If you do not specify variable information for IDVar, LoanVars, MacroVars, and ResponseVar, then:

  • IDVar is set to the first column in the data input.

  • LoanVars is set to include all columns from the second to the second-to-last columns of the data input.

  • ResponseVar is set to the last column in the data input.

example

CoxPDModel = fitLifetimePDModel(___,Name,Value) sets optional properties using additional name-value pair arguments in addition to the required arguments in the previous syntax. For example, CoxPDModel = fitLifetimePDModel(data(TrainDataInd,:),"Cox",'ModelID',"Cox_A",'Descripion',"Cox_model",'AgeVar',"YOB",'IDVar',"ID",'LoanVars',"ScoreGroup",'MacroVars',{'GDP','Market'},'ResponseVar',"Default",'TimeInterval',1) creates a CoxPDModel using a Cox model type. You can specify multiple name-value pair arguments.

Input Arguments

expand all

Data, specified as a table, in panel data form. The data must contain an ID column and an Age column. The response variable must be a binary variable with the value 0 or 1, with 1 indicating default.

Data Types: table

Model type, specified as a string with the value "Cox" or a character vector with the value 'Cox'.

Data Types: char | string

Cox Name-Value Pair Arguments

Specify required and optional comma-separated pairs of Name,Value arguments. Name is the argument name and Value is the corresponding value. Name must appear inside quotes. You can specify several name and value pair arguments in any order as Name1,Value1,...,NameN,ValueN.

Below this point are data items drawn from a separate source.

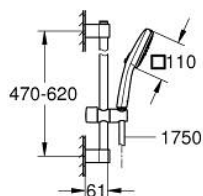

34 819 005 GROHTHERM 1000 TERMOSTATSKA BATERIJA ZA TUŠ 1/2"

PRODUCT DESCRIPTION

- Colour: chrome
- with shower rail set 2 sprays (Rain, Jet)
- sastoji se od:
 - Grohtherm 1000 thermostatic shower mixer 1/2" (34 817) without unions
 - Tempesta Cube shower rail set, 600 mm (26 748)
- professional edition

34 819 005 GROHTHERM 1000 TERMOSTATSKA BATERIJA ZA TUŠ 1/2"

SPARE PARTS, новембар 2021 – now

- 1: Ručica ventila (Spare part-nr. 47972000)
- 1.1: Pokrovna kapica (Spare part-nr. 4797400M)
- 2: Keramička glava 1/2" (Spare part-nr. 45346000)
- 2.1: O-prsten $\varnothing 18,2 \times \varnothing 1,7$ (Spare part-nr. 0392400M)
- 3: Ručica za kontrolu temperature (Spare part-nr. 47973000)
- 3.1: Pokrovna kapica (Spare part-nr. 4797400M)
- 4: Prsten armature (Spare part-nr. 47743000)
- 5: Termostatski kompaktni mešač 1/2" (Spare part-nr. 47439000)
- 6: Race (Spare part-nr. 47975000)
- 7: Nepovratni ventil (Spare part-nr. 47189000)
- 7.1: Filter za nečistoće (Spare part-nr. 0726400M)
- 7.2: Nepovratni ventil (Spare part-nr. 08565000)
- 7.3: O-prsten $\varnothing 17 \times \varnothing 2$ (Spare part-nr. 0305500M)
- 8: Klizač za tuša (Spare part-nr. 48609000)
- 9: Držač tuš šipke (Spare part-nr. 48607000)
- 10: Držač tuš šipke (Spare part-nr. 48608000)
- 11: Filter za nečistoću (Spare part-nr. 0700200M)
- 12: Produžetak 3/4", 20 mm (Spare part-nr. 0713000M)*
- 13: Specijalni ključ (Spare part-nr. 19377000)*
- 14: Gedor ključ (Spare part-nr. 19332000)*
- 15: Kompenzaciona ploča (Spare part-nr. 48543001)*
- 16: GROHE TurboStat cartridge 1/2" (Spare part-nr. 47175000)*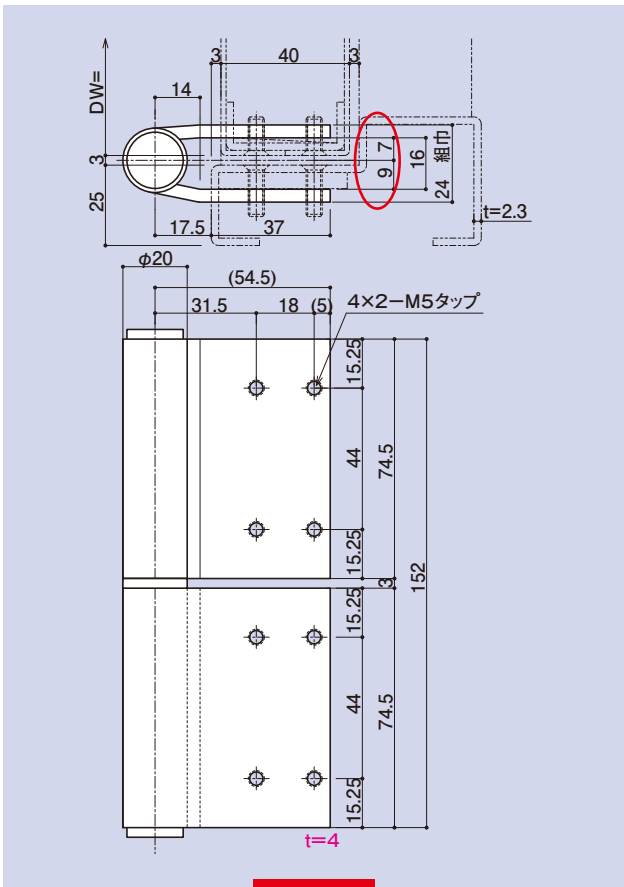

「ドア・サッシ用金物及び付属品 総合カタログ Vol.5」P.48 下記を変更いたしました(類似品はP.47掲載)

P.48 掲載

SD-837

廃盤

廃盤になりました

適用ライナー品番
PL-223A

152旗丁番

品番	勝手	軸材質	羽根材質仕上
SD-837	R	SUS304(ステン)	SUS304
	L		ヘアライン

参考耐重量 DW=1,100×DH=2,200⇒102kg/3枚

P.47 掲載 (類似品)

SD-825A

適用ライナー品番
PL-223A
PL-229A

152旗丁番

品番	勝手	軸材質	羽根材質仕上
SD-825A	R	SUS304(ステン)	SUS304
	L		ヘアライン

参考耐重量 DW=1,100×DH=2,200⇒103kg/3枚

数値がSD-837と
異なります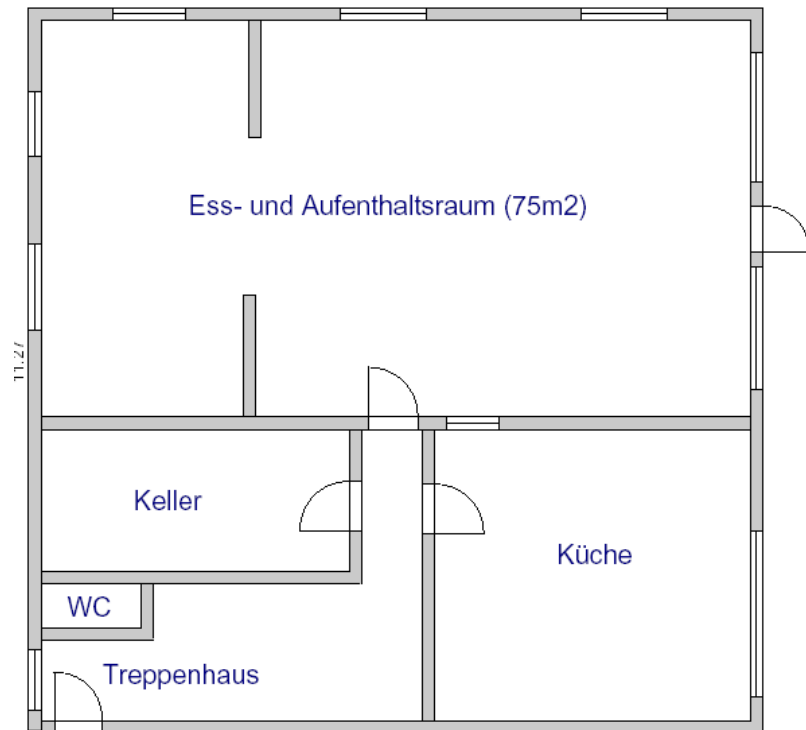

Grundriss Ferienhaus Bergdohle

Parterre

1. – 3.Etage

überreicht durch:

CONTACT groups.ch
Ferienhäuser und Hotels für Gruppen
Postfach, CH-4410 Liestal
Tel. +41-(0)61 926 60 00
Fax +41-(0)61 911 88 88
contact@groups.ch
www.groups.ch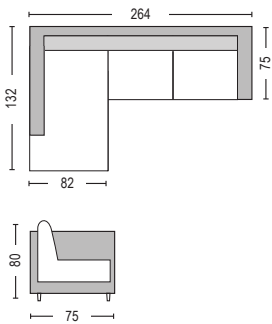

Sector

Pacific / E9685,2

Καναπές γωνία ύφασμα καφέ / 260x260x80xY83

Alex / E966,1

Καναπές δεξιά γωνία ύφασμα velure μαύρο / 264x132x75xY80

Alex / E966,2

Καναπές δεξιά γωνία ύφασμα velure γκρι / 264x132x75xY80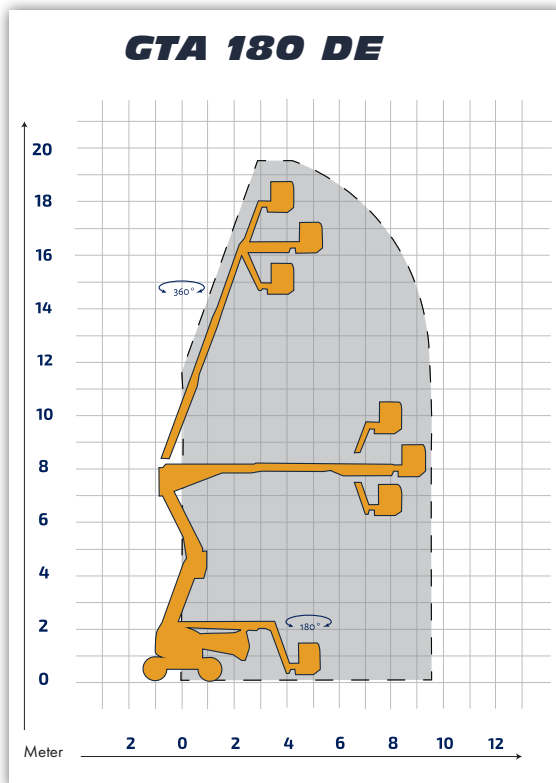

# GTA 180 DE

## Gelenkteleskop GTB

**U&W**  
Ulferts & Wittrock

Bauart	Gelenkteleskop GTB
Arbeitshöhe	18,45 m
Plattformhöhe	16,45 m
Reichweite max. (lastenabhängig)	9,50 m
Tragfähigkeit max.	300 kg / 400 kg
Korbgröße	0,90m x 1,80m
Korb drehbar	ja
Transportlänge	6,80 m
Transportbreite	2,20 m
Transporthöhe	2,45 m
Abstützbreite	ohne Stützen
Eigengewicht	8950 kg
Antrieb	Hybrid 4 x 4 x 4

Example: CoxPDModel = fitLifetimePDModel(data(TrainDataInd,:),"Cox",'ModelID',"Cox_A",'Descripion',"Cox_model",'AgeVar',"YOB",'IDVar',"ID",'LoanVars',"ScoreGroup",'MacroVars',{'GDP','Market'},'ResponseVar',"Default",'TimeInterval',1)
Required Cox Name-Value Pair Argument

expand all

Age variable indicating which column in data contains the loan age information, specified as the comma-separated pair consisting of 'AgeVar' and a string or character vector.

Note

The required name-value argument AgeVar is not treated as a predictor in the Cox lifetime PD model. When using a Cox model, you must specify predictor variables using LoanVars or MacroVars. The AgeVar values are the event times for the underlying Cox proportional hazards model.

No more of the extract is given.